In 1848, at this juncture, there appeared a pamphlet which is the most important document in the history of socialism. It is always known as
The Communist Manifesto
(though this was not the title under which it was published). It was largely the work of a young German of Jewish birth (though himself baptized), Karl Marx, and with it the point is reached at which the prehistory of socialism can be separated from its history. Marx proclaimed a complete break with what he called the ‘utopian socialism’ of his predecessors. Utopian socialists attacked industrial capitalism because they thought it was unjust; Marx thought this beside the point. Nothing, according to Marx, could be hoped for from arguments to persuade people that change was morally desirable. Everything depended on the way history was going, towards the actual and inevitable creation of a new working class by industrial society, the rootless wage-earners of the new industrial cities, whom he termed the industrial proletariat. This class was bound, according to Marx, to act in a revolutionary way. History was working upon them so as to generate revolutionary capacity and mentality. It would present them with conditions to which revolution was the only logical outcome and that revolution would be, by those conditions, guaranteed success. What mattered was not that capitalism was morally wrong, but that it was already out of date and therefore historically doomed. Marx asserted that every society had a particular system of property rights and class relationships, and these accordingly shaped its particular political arrangements. Politics were bound to express economic forces. They would change as the particular organization of society changed under the influence of economic developments, and therefore, sooner or later (and Marx seems to have thought sooner), the Revolution would sweep away capitalist society and its forms as capitalist society had already swept away feudal.
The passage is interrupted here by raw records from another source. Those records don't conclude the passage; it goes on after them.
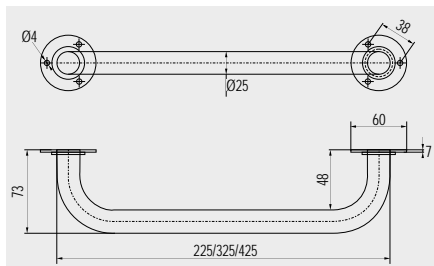

SENIOR PROGRAM

Madlo rovné

KD800	195,- Kč
20 cm, bílé, ø 25 mm	
KD801	229,- Kč
30 cm, bílé, ø 25 mm	
KD802	255,- Kč
40 cm, bílé, ø 25 mm	

Madlo rovné

KD803	369,- Kč
20 cm, nerez, ø 25 mm	
KD804	415,- Kč
30 cm, nerez, ø 25 mm	
KD805	449,- Kč
40 cm, nerez, ø 25 mm	

Madlo pevné

KD299	1 459,- Kč
55 cm, bílé, pevné
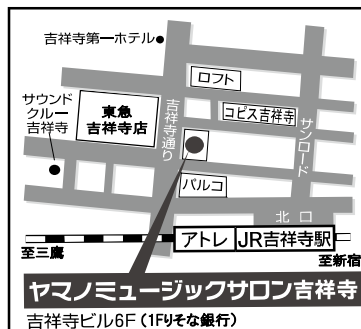

無料体験レッスン受付中(事前にご予約下さい)

他にも多数のコースをご用意しております。

~下記までお気軽にお問い合わせください~

ヤマノミュージックサロン吉祥寺

〒180-0004 東京都武蔵野市吉祥寺本町1-8-10 吉祥寺ビル 6F  
(営業時間/11:00~21:30)

☎ 0422-20-3577

ホームページからも体験レッスン等  
をご予約いただけます

ヤマノミュージックサロン吉祥寺

検索

携帯サイトは  
こちらから

JR吉祥寺駅北口より徒歩3分  
東急吉祥寺店前

There was much more to Marx than this, but this was a striking and encouraging message, which gave him domination of the international socialist movement that emerged in the next twenty years. The assurance that history was on their side was a great tonic to revolutionaries. They learnt with gratitude that the cause to which they were impelled anyway by motives ranging from a sense of injustice to the promptings of envy was predestined to triumph. This was essentially a religious faith. For all
its intellectual possibilities as an analytical instrument, Marxism came to be above all a popular mythology, resting on a view of history which said that men were bound by necessity because their institutions were determined by the evolving methods of production, and on a faith that the working class were the chosen people, whose pilgrimage through a wicked world would end in the triumphal establishment of a just society in which necessity’s iron law would cease to operate. Social revolutionaries could thus feel confident of scientifically irrefutable arguments for irresistible progress towards the socialist millennium, while clinging to a revolutionary activism it seemed to make unnecessary. Marx himself seems to have followed his teaching more cautiously, applying it only to the broad, sweeping changes in history which individuals are powerless to resist and not to its detailed unfolding. Perhaps it is not surprising that, like many masters, he did not recognize all his pupils: he came later to protest that he was not a Marxist.

This new religion was an inspiration to working-class organization. Trades unions and cooperatives already existed in some countries; the first international organization of working men appeared in 1863. Though it included many who did not subscribe to Marx’s views (anarchists, among others), his influence was paramount within it (he was its secretary). Its name frightened conservatives, some of whom blamed the Paris Commune on it. Whatever their justification, their instincts were right. What happened in the years after 1848 was that socialism captured the revolutionary tradition from the liberals, and a belief in the historical role of an industrial working class, still barely visible outside England (let alone predominant in most countries), was tacked on to the tradition which held that, broadly speaking, revolution could not be wrong. Forms of thinking about politics evolved in the French Revolution were thus transferred to societies to which they would prove increasingly inappropriate. How easy such a transition could be was shown by the way Marx snapped up the drama and mythical exaltation of the Paris Commune for socialism. In a powerful tract he annexed it to his own theories, though it was, in fact, the product of many complicated and differing forces and expressed very little in the way of egalitarianism, let alone ‘scientific’ socialism. It emerged, moreover, in a city which, though huge, was not one of the great manufacturing centres in which he predicted proletarian revolution would mature. These remained, instead, stubbornly quiescent. The Commune was, in fact, the last and greatest example of revolutionary and traditional Parisian radicalism. It was a great failure (and socialism suffered from it, too, because of the repressive measures it provoked), yet Marx made it central to socialist mythology.